Handy highlighting skills
WHEN you are reading a book or preparing study notes for an exam, highlighting can be a huge asset. Here are some tips and tricks to make the most of your highlighting.
Pay attention in class
Print your lecturer’s notes or slides and take them into class with you. Whenever the lecturer says, “This is important” whip out your highlighter and mark the section in question. It is bound to be essential for an assignment or come up in the final test.
If you are using a textbook and are a book lover who thinks that highlighting written works is a desecration, photocopy the pages covered in each lecture and mark those instead.
Colour code
When marking notes, use a yellow highlighter for important sections as it is the most attention-attracting colour.

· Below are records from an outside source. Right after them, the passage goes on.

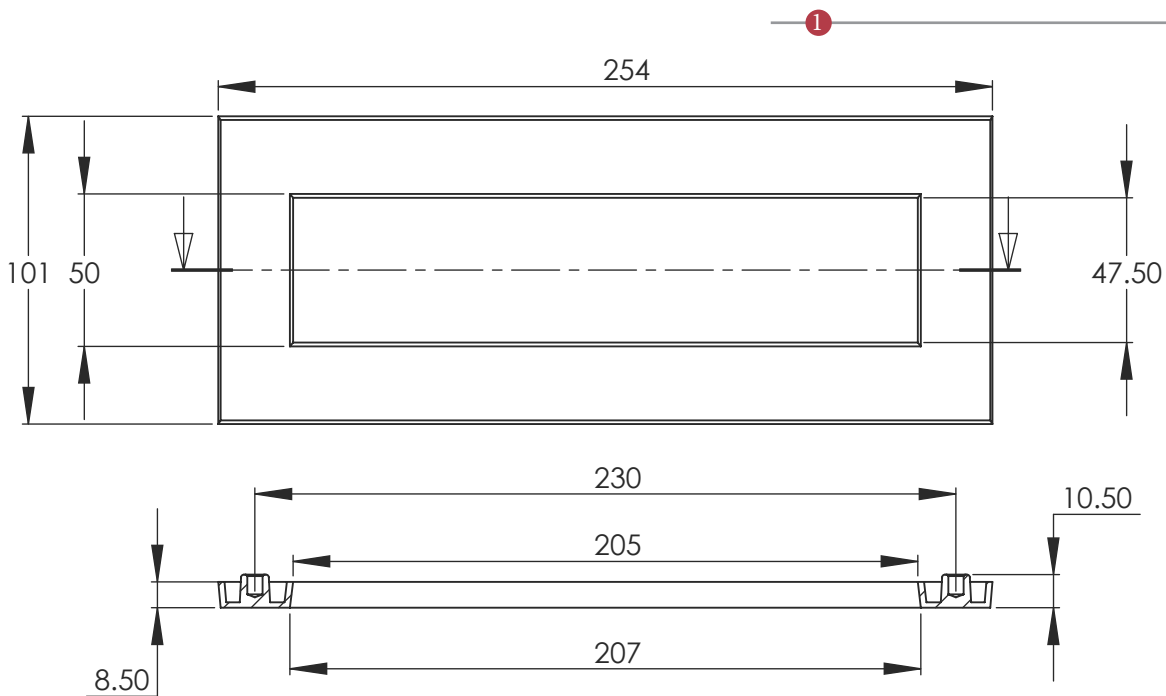

V850 LETTER PLATE 10 x 4"

② Dimensions:
see the outlines given above

③

5.5

FINISHES

- ◆ME◆ Matt Bronze finish
- ◆SB◆ Satin Brass finish
- ◆PN◆ Polished Nickel finish
- ◆SN◆ Satin Nickel finish
- ◆AT◆ Antique Brass finish
- ◆SC◆ Satin Chrome finish
- ◆PB◆ Polished Brass finish
- ◆PC◆ Polished Chrome finish
- ◆BK◆ Matt Black finish
- (ULB) Unlacquered Brass finish

Overview

① Letter Plate illustrated

② (General dimensions of Letter Plate)

③ Supplied with:
1x Allen key 2x threaded washer [a]
2x threaded Allen bolt 2x decorative cap [b]

 M Marcus Ltd., Dudley

Product Code

V850 254.101

Material

Solid Brass

Sizes shown are in mm and approximate. We reserve the right to amend where necessary and without any prior notice.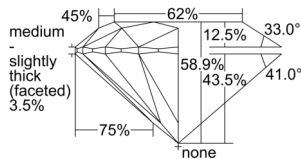

GIA®

FACSIMILE

GIA REPORT 1505421466

Verify this report at GIA.edu

GIA NATURAL DIAMOND DOSSIER®

September 16, 2024
GIA Report Number 1505421466
Shape and Cutting Style ..... Round Brilliant
Measurements ..... 5.18 - 5.20 x 3.06 mm

GRADING RESULTS

Carat Weight ..... 0.50 carat
Color Grade ..... F
Clarity Grade S11
Cut Grade ..... Excellent

ADDITIONAL GRADING INFORMATION

Polish ..... Excellent
Symmetry ..... Very Good
Fluorescence ..... None
Clarity Characteristics ..... Cloud, Crystal
Inscription(s): GIA 1505421466

PROPORTIONS

Profile to actual proportions

GRADING SCALES

GIA COLOR SCALE	GIA CLARITY SCALE	GIA CUT SCALE	
D	FLAWLESS	EXCELLENT	
E	INTERNALLY FLAWLESS		
F		VVS₁	VERY GOOD
G	VVS₂		
H	VS₁	GOOD	
I	VS₂		
J	S1₁	FAIR	
K	S1₂		
L	I₁	POOR	
M	I₂		
N	I₃		
O			
P			
Q			
R			
S			
T			
U			
V			
W			
X			
Y			
Z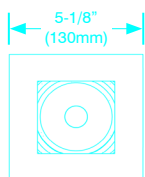

SPEC SHEET

PLACE square

adjustable recessed light fixture
LED fixture flushmount adjustable fixture terrific
for cabinet, display and under cabinet lighting.

single | 605

Ø 2" (Ø 52mm) | CUT-OUT

twin | 606

4" x 2" (103mm x 52mm) | CUT-OUT

triple | 607

6-3/16" x 2" (157mm x 52mm) | CUT-OUT

LED technical:

- LED lifetime up to 50,000 hours
- high performance luminous LED with a minimum 90 lumen per watt

fixture technical:

- trim in brushed aluminum finish
- suitable for dry location
- each light is 20° angle adjustable
- 40° beam spread
- power consumption 1.3 Watt
- 350mA constant current driver (not included)
- class II wiring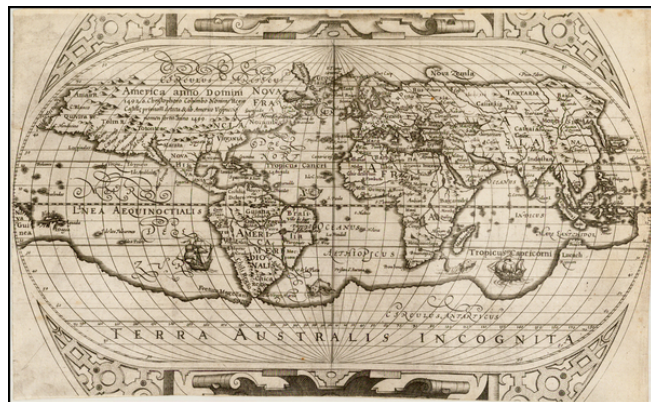

Description:

Rare map of the World from Ephraim Pagitt's *Christianographie, or the Description . . . of the Christian World, not subject to the Pope*, first published in London in 1635.

Pagitt's book is illustrated with 5 maps, of which this map is included. Shirley notes:

On stylistic and geographic ground the engraving of this oval world map with a circular surround of strapwork can be dated c. 1600, or perhaps earlier. There is no identifying author or engraver and on all extent copies later insertions have been made . . .

Copies of the map, often with the top and bottom parts of the plate masked, may accompany the Protestant Tract Christianographie . . .

The geography is reminiscent of similar maps published by Hondius. The map is likely based upon an earlier original, dated circa 1600, but with additions including New England, Davis Strait, Holanders (in Brazil), etc., which would have been added after 1630. Marvelous treatment of the unknown southern continent, Anian River, Quivera Re. and a host of other early references. One unusual features is the alternative name given near the Straits of Magellan, Fretum Magellenicum (as usual) and C. de Virgin Maria, apparently a variant for Magellan's original name for the Cape at the head of the Straits (Cabo Virgenes).

In Asia, Korea is a long narrow island. The Philippines and Luzon (Luconia) are named. A massive Terra Australis Incognita includes Beach and Lucach Regnum, and place names surviving from Marco Polo's account of his travels in the 14th Century. In the Western Hemisphere, early hints of Nova Guinea and contiguous land masses appear.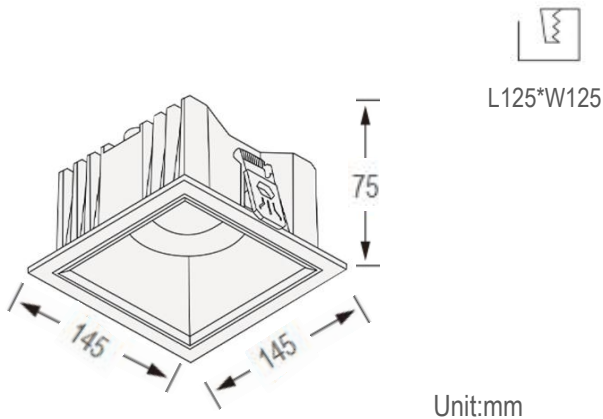

## •Dimension drawing

## •Specification

Ref Number	GR-DL-30WW-7
Power	30Watt ±5%
Lumens	2900-3300lm
LED Type	SMD
CCT	2700k-3000K/4000K/5700-6000K
CRI	>90
SDCM	< 3
LED driver	IP20 External driver included
Control Way	ON/OFF
Input voltage	110/ 220-240VAC 50/60Hz
Efficiency	>87%
Power factor	>0.9
THD	<15%
Free flicker	Yes
Beam angle	55°
Materials	Die-cast aluminum+Plastic reflectors
Finished	White / Black options
Reflector	Black/white/shining silver/gold/gun black.
Surge protection	1KV
UGR	<17
IP Rating	IP65 for light body
Dimension	L145*W145*H75mm
Cut out	L125*W125mm
Working temp	-25°C ~ +55°C
Storage temp	-30°C ~ +60°C
Standard	CE LVD EMC RoHS
Working life	>50000Hrs
Warranty	3Years/5Years
Insulation class	Class II

Use light colours like orange and pale blue, pink and green to distinguish information you have to look into more, that will come up in exams, that belong to a particular category of information in your course or that are useful for a particular assignment.
Avoid dark colours
Darker blues, greens and purples may be pleasing to the eye, but they also tend to obscure text.
If you are alert and in a well-lit area, this is not a problem. But when you are tired, such as on the night before an exam, you do not want to be straining your eyes.
Don’t go overboard
At some point, it will seem that everything in the notes and everything in the book is vitally important. Resist the temptation to highlight whole paragraphs and pages.
The idea of the highlight is to identify key phrases and concepts. When you look at these, they should spur your memory so that you remember what is written around those terms. As a rule of thumb, you should be highlighting roughly 10 to 20% of any text.